───── RAW DATA

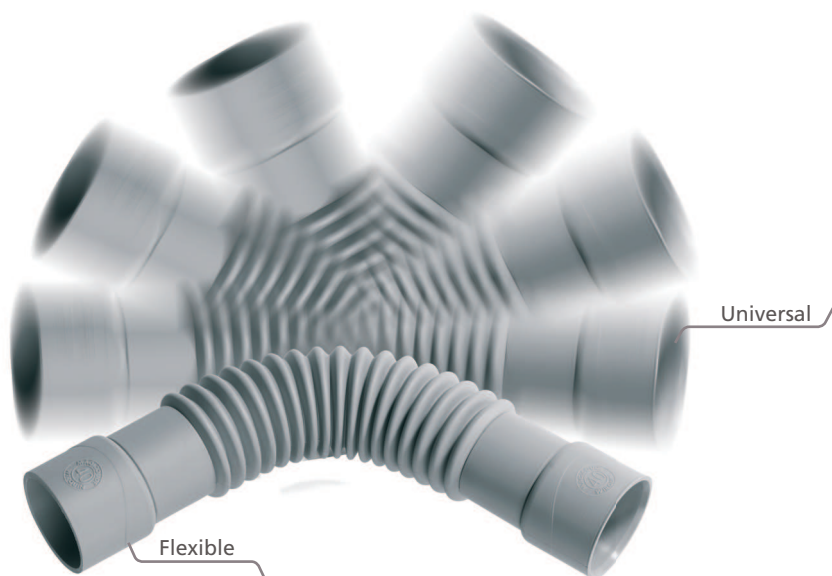

RACOR FLEXIBLE DE PVC

Garantía
5
AÑOS

MAGICOUCES

¡Se acabó calcular los ángulos!

- ▶ El **MAGICOUCDE** puede inclinarse de 0° a 180° y sobre 2 planos distintos del espacio gracias a su estructura flexible.
- ▶ Compensa los defectos de alineación entre 2 tubos. Puede comprimirse para instalarse sobre tubos existentes y de difícil acceso. Su cuerpo flexible absorbe los fenómenos de contracción y dilatación.
- ▶ De PVC, los **MAGICOUCDES** resisten a la mayor parte de los detergentes del mercado y a las temperaturas domésticas.
- ▶ Se integra perfectamente en cualquier instalación gracias a su color gris.

DISPONIBLE EN VARIAS VERSIONES :

- ▶ Ø32, Ø40 Y Ø50 UNIVERSAL A ENCOLAR : UN SOLO PRODUCTO POR DIÁMETRO PARA TODAS LAS CONFIGURACIONES.

FUNCIONAMIENTO :

- ▶ Ø32, Ø40 Y Ø50 UNIVERSAL A ENCOLAR : “Y”
- ▶ Ø32, Ø40 Y Ø50 PUSH-FIT (A PRESIÓN) : HEMBRA – HEMBRA
- ▶ Ø100/Ø110 A ENCOLAR : HEMBRA – HEMBRA

──────────

> YOUR GOAL:
Repeat each record as given. No picture belongs in the copy.

> WRITTEN SOLUTION:
RACOR FLEXIBLE DE PVC

Garantía
5
AÑOS

MAGICOUCES

¡Se acabó calcular los ángulos!

- ▶ El **MAGICOUCDE** puede inclinarse de 0° a 180° y sobre 2 planos distintos del espacio gracias a su estructura flexible.
- ▶ Compensa los defectos de alineación entre 2 tubos. Puede comprimirse para instalarse sobre tubos existentes y de difícil acceso. Su cuerpo flexible absorbe los fenómenos de contracción y dilatación.
- ▶ De PVC, los **MAGICOUCDES** resisten a la mayor parte de los detergentes del mercado y a las temperaturas domésticas.
- ▶ Se integra perfectamente en cualquier instalación gracias a su color gris.

DISPONIBLE EN VARIAS VERSIONES :

- ▶ Ø32, Ø40 Y Ø50 UNIVERSAL A ENCOLAR : UN SOLO PRODUCTO POR DIÁMETRO PARA TODAS LAS CONFIGURACIONES.

FUNCIONAMIENTO :

- ▶ Ø32, Ø40 Y Ø50 UNIVERSAL A ENCOLAR : “Y”
- ▶ Ø32, Ø40 Y Ø50 PUSH-FIT (A PRESIÓN) : HEMBRA – HEMBRA
- ▶ Ø100/Ø110 A ENCOLAR : HEMBRA – HEMBRA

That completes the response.